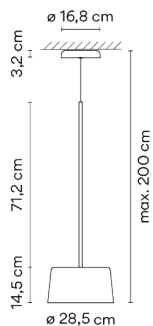

Tube

6165

Design By Ichiro Iwasaki

VIBIA

Model Sheet

Optional: Extra cable length
Min. quantity, upcharge and extra lead time apply [EN]

Finish

- 10 White
NCS S 0300-N
- 15 Grey L2
NCS S 2500-N
- 24 Beige M1
NCS S 2005-Y50R
- 37 Terra Red
NCS S 4040-Y70R
- 16 Grey M1
NCS S 4500-N
- 21 Black Grey
NCS S 7000-N

LED temperature color 2700 K / 3000 K / 3500 K

Dimming DALI 1-10V Push / CASAMBI / DALI / NO DRIVER

Installation type Surface Free Wire / Remote Micro / Surface Canopy / Built-in XS

Materials LED support: Aluminum
Tube: Steel. Black finish.
Ceiling rose: Steel

LED  CRI>90 3480 lm 139,2
2700 K / 3000 K / 3500 K

Driver Constant Current 700 110~240
V V 50~60 Hz HZ

  **Dimmable** **LED**
IP20 **Bi-volt** **50-60Hz**

Application Hanging lamps

Packaging 2 Box
0,248 m x 0,403 m x 0,403 m
Gross weight 4,3
Net weight 1,65
Vol. 0,0447

Lighting effect

General Lighting

Lamp for general lighting that equally distributes the light in all directions.

Photometric Data

Efficiency	51,14 lm/W
Coordinate System	CG
Total Flux	1447,46 lm
Maximum Value	576,19 cd
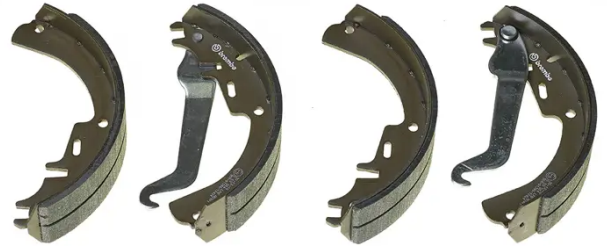

SHOE

S 59 504

The S 59 504 brake shoe is synonymous with reliability

Brembo brake shoes of original equipment quality guarantee the safe and reliable performance of your drum braking system. All Brembo brake shoes are accompanied by a ECE-R90 homologation certificate.

- ✓ OE-equivalent
- ✓ Brembo quality
- ✓ ECE-R90 certificate
- ✓ Safety
- ✓ Durability

Technical specifications

EAN code
8432509642870

Rear

Diameter
230 mm

Width
51 mm

Braking system
General Motors

Parking brake lever
With handbrake lever
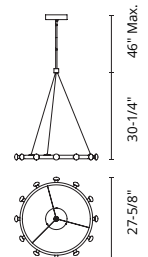

PD63428

REZZ - CH63436 / PD63428

FINISH BK - Black | BN - Brushed Nickel

Forged iron and aluminum circular body
Frosted opal glass diffusers
Modern powder-coated and anodized finishes
Direct light
Max. cable length of 72"

	CH63436	PD63428
WATTAGE:	90W	41W
VOLTAGE:	120V	120V
DELIVERED LUMENS:	2000*	1000*

COLOR TEMP	3000K
CRI (RA)	>90
DIMMING	100%-10%
TYPE OF DIMMER	ELV (not included)
CEILING ADAPTOR	YES, UP TO 45°
RATED LIFE	50,000 HOURS

Custom options available

::::::::::

Brief » The reply should hold exactly the lines above, starting at the line with "IP20 **Bi-volt** **50-60Hz**" and ending at the line with "The S 59 504", and no pictures.

Written solution »
IP20 **Bi-volt** **50-60Hz**

Application Hanging lamps

Packaging 2 Box
0,248 m x 0,403 m x 0,403 m
Gross weight 4,3
Net weight 1,65
Vol. 0,0447

Lighting effect

General Lighting

Lamp for general lighting that equally distributes the light in all directions.

Photometric Data

Efficiency	51,14 lm/W
Coordinate System	CG
Total Flux	1447,46 lm
Maximum Value	576,19 cd

SHOE

S 59 504

The S 59 504 brake shoe is synonymous with reliability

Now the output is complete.